I stumbled back and he started waving his arms, including the one with the spear in it, and then rushing at me, and I gave a cry and tried to retreat again, only this time, there was nothing under my foot but air.
I screamed and the guard screeched and he lunged and I started to fall and the canopy of trees swirled sickeningly above me—
And then stopped just as abruptly.
But not because he had caught me.
But because someone else had.
“Do you always get in this much trouble?” Pritkin asked from behind me.
I craned my neck around to see
him standing on one of the little swinging platforms, holding a basket in one hand and me in the other.
“Mostly,” I breathed.
“You know, I’ve noticed that about you,” he told me.
And then he kissed me.
Chapter Forty-six
“Guard,” I gasped, jerking back.
“What?”
“There’s a guard!”
Pritkin looked confused. “Yes?”
He glanced over his shoulder, and then so did I. And the guard who had been about to kill me was suddenly looking like the third wheel at a junior high school dance: awkward and uncomfortable and slightly embarrassed. He had been examining the toe of his boot, but he glanced up when Pritkin said something in a language the spell didn’t know. But the guard must have, because he abruptly turned and booked it down the rope bridge at a sprint.
I looked at Pritkin in shock. “What did you say?”
“I relieved him. And I think he was relieved. Poor man; he was afraid you were about to put a hex on him!”
“I don’t do hexes.”
“Well, you did something,” Pritkin said. “That Svarestri warrior didn’t collapse from a heart attack.”
“Which one?” I asked miserably, and sat back down. And put my head in my hands, because I couldn’t avoid the elephant in the room forever, could I?
Not when I’d just trashed the hell out of the time line.
I sat there for a moment, listening to him spread out a picnic I no longer wanted, the sinking feeling in my stomach filling it instead of food.

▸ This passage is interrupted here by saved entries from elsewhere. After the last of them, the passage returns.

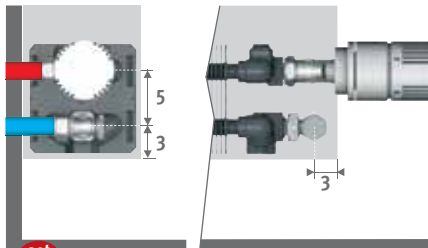

Añadir al código del radiador /00 para los 2 laterales cerrados.

Ej. LINW.035 050 10.XXX/00

Solo con llave termostática hacia arriba, 2 detentores o válvulas en el colector de distribución.

SETS DE CONEXIÓN

Hacia la pared, totalmente oculta dentro de la carcasa

Cabezal termostático y racores Eurocono 3/4" incluidos.

set 225

CÓDIGO BITUBO

	CÓDIGO BITUBO	€
	COLO.SW2.JC.4...	71,00
	COLO.SW2.JW.4...	61,00

completar con el código del racor
 Tubo de cobre / acero fino 15/1 115
 Tubo PER/ALU 16/2 616
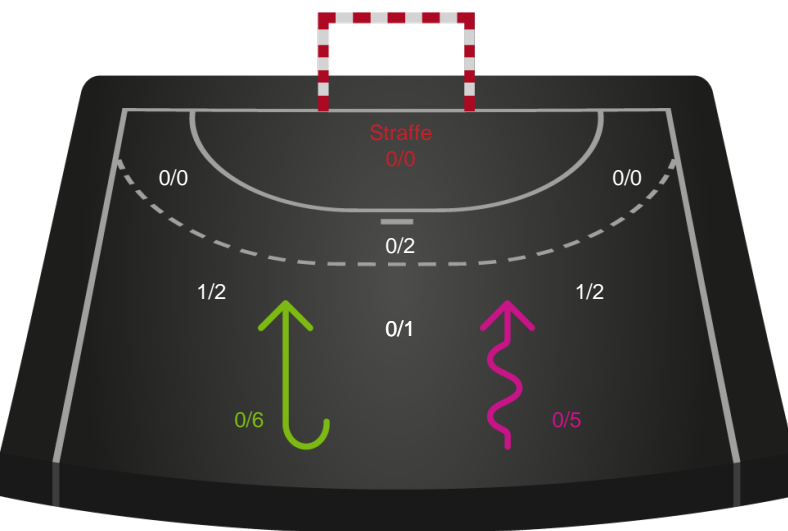

Shotplot for Første halvleg

Sønderjyske Kvindehåndbold - Odense Håndbold - 24-33 (13-18)

189991 / 14.01.2026, 20.00 / Sydbank Arena Aabenraa 1 / Bambuni Kvindeligaen - Grundspil

Logget af: Marianne Sørensen, Tea Møller Hansen

Sønderjyske Kvindehåndbold

Redningsdiagram

I’d been mad at Rosier just for bringing a gun along he knew we couldn’t use, and what had I done? I knew better. I knew that anything I did this far back might have disastrous consequences, that it could mess up time in a way I couldn’t fix, that I was supposed to be guarding the time line, not trashing it myself!
If I had trashed it.
But it sure as hell seemed like I had. We’d killed another fey—that much I was certain about. And maybe more than one, because despite their scary resiliency, that had been a damned long drop onto damned hard rocks, and sure, maybe I’d gotten lucky and maybe some of them had made it, but I couldn’t believe that all of them had.